(Collected data)
□ □ □ □ □

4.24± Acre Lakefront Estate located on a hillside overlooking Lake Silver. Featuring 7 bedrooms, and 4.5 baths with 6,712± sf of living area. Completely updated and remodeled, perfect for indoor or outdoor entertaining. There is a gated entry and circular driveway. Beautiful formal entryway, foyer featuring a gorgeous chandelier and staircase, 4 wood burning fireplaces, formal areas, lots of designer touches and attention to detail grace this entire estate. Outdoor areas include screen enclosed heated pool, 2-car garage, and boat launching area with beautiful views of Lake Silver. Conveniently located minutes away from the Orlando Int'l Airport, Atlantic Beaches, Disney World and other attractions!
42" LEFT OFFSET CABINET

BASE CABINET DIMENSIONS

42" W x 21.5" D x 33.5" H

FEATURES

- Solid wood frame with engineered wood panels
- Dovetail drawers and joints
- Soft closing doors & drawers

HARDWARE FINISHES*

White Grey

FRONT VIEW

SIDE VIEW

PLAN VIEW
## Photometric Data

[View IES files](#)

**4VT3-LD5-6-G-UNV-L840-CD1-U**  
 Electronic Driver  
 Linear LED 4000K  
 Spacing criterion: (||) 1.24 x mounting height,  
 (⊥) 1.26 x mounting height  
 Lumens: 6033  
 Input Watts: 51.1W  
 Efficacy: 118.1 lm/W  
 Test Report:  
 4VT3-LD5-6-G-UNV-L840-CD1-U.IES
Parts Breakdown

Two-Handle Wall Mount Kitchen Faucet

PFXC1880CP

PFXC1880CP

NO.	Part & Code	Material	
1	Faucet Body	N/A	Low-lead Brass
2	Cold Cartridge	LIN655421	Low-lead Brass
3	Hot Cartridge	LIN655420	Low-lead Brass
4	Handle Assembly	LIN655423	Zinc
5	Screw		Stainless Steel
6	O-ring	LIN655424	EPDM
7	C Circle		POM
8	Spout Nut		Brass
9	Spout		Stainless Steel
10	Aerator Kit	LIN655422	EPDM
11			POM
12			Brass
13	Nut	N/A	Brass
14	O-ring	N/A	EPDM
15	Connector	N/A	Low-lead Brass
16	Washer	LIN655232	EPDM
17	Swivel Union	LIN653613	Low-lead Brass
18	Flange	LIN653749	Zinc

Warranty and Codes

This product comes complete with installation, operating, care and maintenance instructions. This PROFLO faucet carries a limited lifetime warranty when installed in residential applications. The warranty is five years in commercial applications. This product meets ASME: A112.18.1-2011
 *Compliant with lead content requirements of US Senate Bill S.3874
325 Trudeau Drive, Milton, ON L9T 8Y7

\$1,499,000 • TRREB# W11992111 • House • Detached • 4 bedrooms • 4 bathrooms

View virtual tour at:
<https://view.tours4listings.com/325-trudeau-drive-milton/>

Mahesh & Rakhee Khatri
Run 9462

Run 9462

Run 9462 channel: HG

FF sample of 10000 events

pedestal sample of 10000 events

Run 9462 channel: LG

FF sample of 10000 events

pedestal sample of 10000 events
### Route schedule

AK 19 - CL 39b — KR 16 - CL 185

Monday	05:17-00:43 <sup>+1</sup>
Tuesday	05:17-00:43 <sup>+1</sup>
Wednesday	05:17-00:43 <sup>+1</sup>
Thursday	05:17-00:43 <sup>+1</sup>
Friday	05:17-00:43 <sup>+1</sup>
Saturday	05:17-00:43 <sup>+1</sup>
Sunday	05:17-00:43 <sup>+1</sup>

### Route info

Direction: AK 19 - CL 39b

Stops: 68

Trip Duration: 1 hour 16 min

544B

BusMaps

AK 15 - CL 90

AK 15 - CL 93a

□ □ □ □ □

To do: Please copy out each line in the entries that mentions the string "channel".

Task output:
Run 9462 channel: HG
Run 9462 channel: LG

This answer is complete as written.